*Dataset*.
※ ※ ※

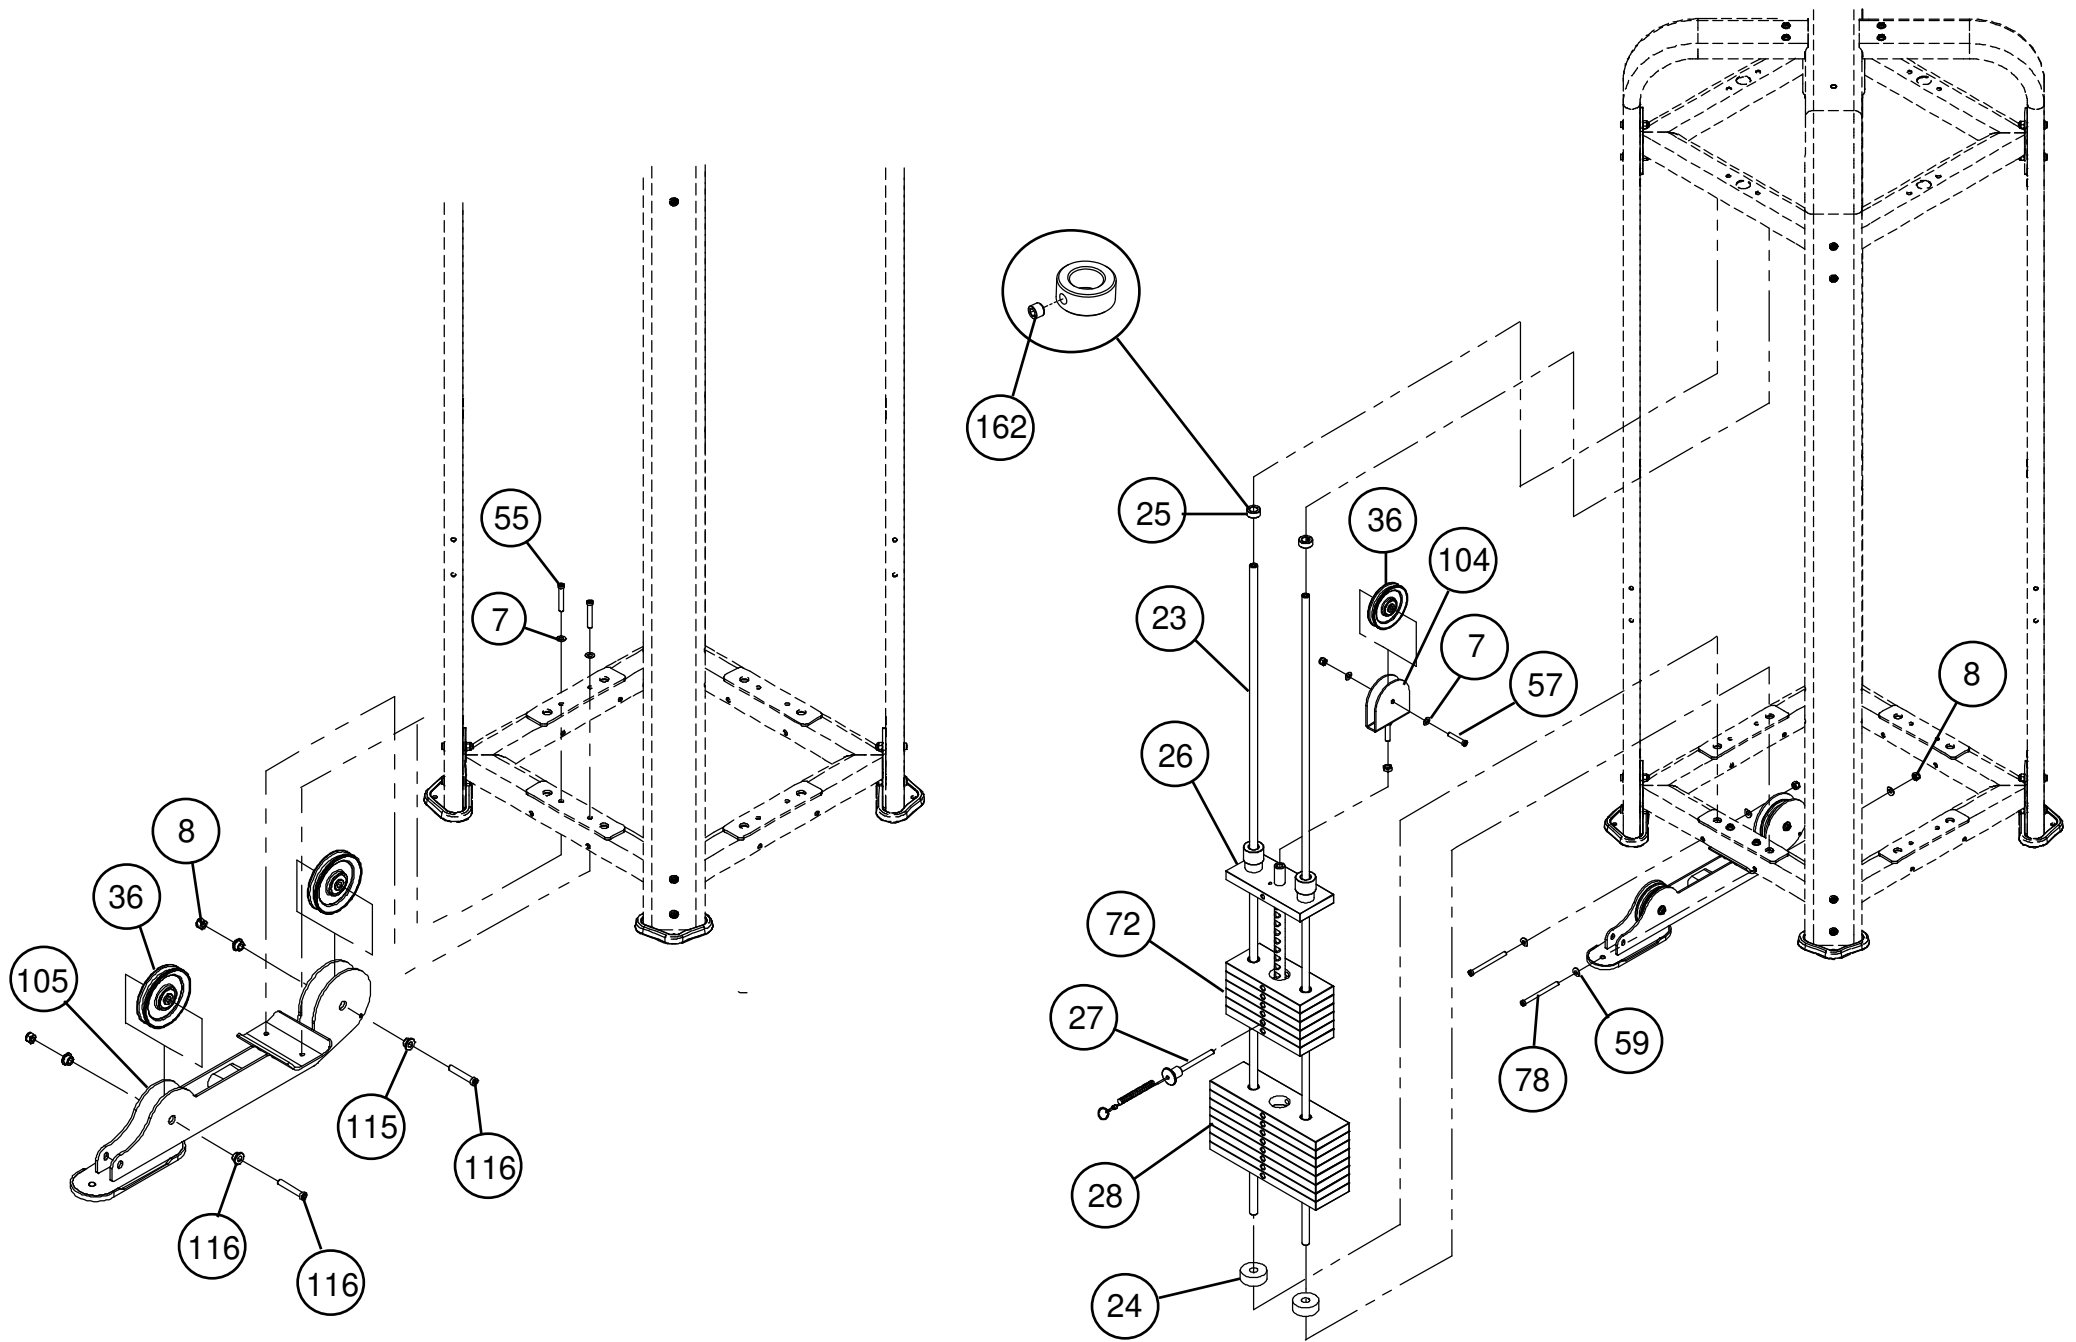

MJ-AP MJ4 Adjustable Pulley

PARTS LIST

ITEM	Qty	Part No.	Description
7	10	DC120010510U	3/8" Flat Washer
8	6	DB2E03811000U	Lock Nut 3/8" x 1 1/2"
9	2	P06-2270	Plastic Plug
23	2	P01-5184	Guide Rod
24	8	P06-0034	Weight Stack Cushion
25	8	A05-0212	Guide Rod Collar
26	4	P20-4282	Head Plate Assembly
27	4	P11-0210	Weight Selector Pin
28	2	KN000329	15lb Weight Plate
36	2	P06-0035	4 1/2" Pulley
38	2	P05-1010	U Bracket
39	2	P05-1015	Shoulder Bolt
40	2	P06-2262	Cable Plastic Housing
54	6	DABE03823416NAU	Cap Head Screw 3/8" x 2 3/4"L
55	10	DABE03821216YAU	Cap Head Screw 3/8" x 2 1/2"L with blue patch
57	6	DABE03820016NAU	Cap Head Screw 3/8" x 2 "L
58	16	DABE03803416YBU	Cap Head Screw 3/8" x 3/4 "L with blue patch
59	28	DC322010015U	Curved Washer
61	1	DI1080080U	Snap Hook
72	2	KN000334	10lb Weight Plate, 3pcs / box
78	2	DABE03841216NAU	Cap Head Screw 3/8" x 4 1/2"L
96	2	DABE03810016YU	Cap Head Screw 3/8" x 1"mmL with blue patch
101	1	P20-4277	AP Top Beam
102	1	P20-4279	Adjustable Pulley Assembly
103	1	P01-5210	AP Upright
104	1	P04-3849	Pulley Housing
105	1	P20-4278	AP Base Assembly
106	1	P13-0461	AP Cable
107	1	P12-0219	Handle Strap
108	1	P20-3203	AP Swivel Pulley
109	2	P08-0061	Step Spacer
110	1	A06-0530	End Cap
111	1	P11-0189	Adjustment Pin
112	1	P06-2834	Foot Pad
113	2	P03-2019	Barrel Spacer
114	1	P05-0036	Jam Nut
115	6	P08-0165	Step Spacer
116	6	DABE03821416NBU	Cap Head SCREW 3/8" x 2 1/4"L

ITEM	Qty	Part No.	Description
171	1	P04-3847	AP Base Weldment
172	1	P04-3848	AP Top Beam Weldment
173	1	P04-3003	AP Swivel Pulley Weldment
174	1	P04-3001	Adjustable Pulley Weldment
175	3	P03-2084	Sleeve
176	6	P05-1024	Roller
177	1	P05-1025	Shoulder Bolt
178	2	P05-1030	Pull Spring
179	2	P06-0051	3 1/2" Pulley
180	2	P06-2303	Rubber Cover
181	3	P06-2304	Roller
182	6	DH000006201	Ball Bearing
183	3	DABE03851216NBU	Cap Head Screw 3/8" x 5 1/2"L
184	8	DA8E01000932YU	Button Phillip Head Screw #10 x 9mmL
185	xx	DABE03813416NU	Cap Head Screw 3/8" x 1 3/4"L

※ ※ ※

What you give back must match the entries exactly, apart from the omitted pictures.

*The answer*.
MJ-AP MJ4 Adjustable Pulley

PARTS LIST

ITEM	Qty	Part No.	Description
7	10	DC120010510U	3/8" Flat Washer
8	6	DB2E03811000U	Lock Nut 3/8" x 1 1/2"
9	2	P06-2270	Plastic Plug
23	2	P01-5184	Guide Rod
24	8	P06-0034	Weight Stack Cushion
25	8	A05-0212	Guide Rod Collar
26	4	P20-4282	Head Plate Assembly
27	4	P11-0210	Weight Selector Pin
28	2	KN000329	15lb Weight Plate
36	2	P06-0035	4 1/2" Pulley
38	2	P05-1010	U Bracket
39	2	P05-1015	Shoulder Bolt
40	2	P06-2262	Cable Plastic Housing
54	6	DABE03823416NAU	Cap Head Screw 3/8" x 2 3/4"L
55	10	DABE03821216YAU	Cap Head Screw 3/8" x 2 1/2"L with blue patch
57	6	DABE03820016NAU	Cap Head Screw 3/8" x 2 "L
58	16	DABE03803416YBU	Cap Head Screw 3/8" x 3/4 "L with blue patch
59	28	DC322010015U	Curved Washer
61	1	DI1080080U	Snap Hook
72	2	KN000334	10lb Weight Plate, 3pcs / box
78	2	DABE03841216NAU	Cap Head Screw 3/8" x 4 1/2"L
96	2	DABE03810016YU	Cap Head Screw 3/8" x 1"mmL with blue patch
101	1	P20-4277	AP Top Beam
102	1	P20-4279	Adjustable Pulley Assembly
103	1	P01-5210	AP Upright
104	1	P04-3849	Pulley Housing
105	1	P20-4278	AP Base Assembly
106	1	P13-0461	AP Cable
107	1	P12-0219	Handle Strap
108	1	P20-3203	AP Swivel Pulley
109	2	P08-0061	Step Spacer
110	1	A06-0530	End Cap
111	1	P11-0189	Adjustment Pin
112	1	P06-2834	Foot Pad
113	2	P03-2019	Barrel Spacer
114	1	P05-0036	Jam Nut
115	6	P08-0165	Step Spacer
116	6	DABE03821416NBU	Cap Head SCREW 3/8" x 2 1/4"L

ITEM	Qty	Part No.	Description
171	1	P04-3847	AP Base Weldment
172	1	P04-3848	AP Top Beam Weldment
173	1	P04-3003	AP Swivel Pulley Weldment
174	1	P04-3001	Adjustable Pulley Weldment
175	3	P03-2084	Sleeve
176	6	P05-1024	Roller
177	1	P05-1025	Shoulder Bolt
178	2	P05-1030	Pull Spring
179	2	P06-0051	3 1/2" Pulley
180	2	P06-2303	Rubber Cover
181	3	P06-2304	Roller
182	6	DH000006201	Ball Bearing
183	3	DABE03851216NBU	Cap Head Screw 3/8" x 5 1/2"L
184	8	DA8E01000932YU	Button Phillip Head Screw #10 x 9mmL
185	xx	DABE03813416NU	Cap Head Screw 3/8" x 1 3/4"L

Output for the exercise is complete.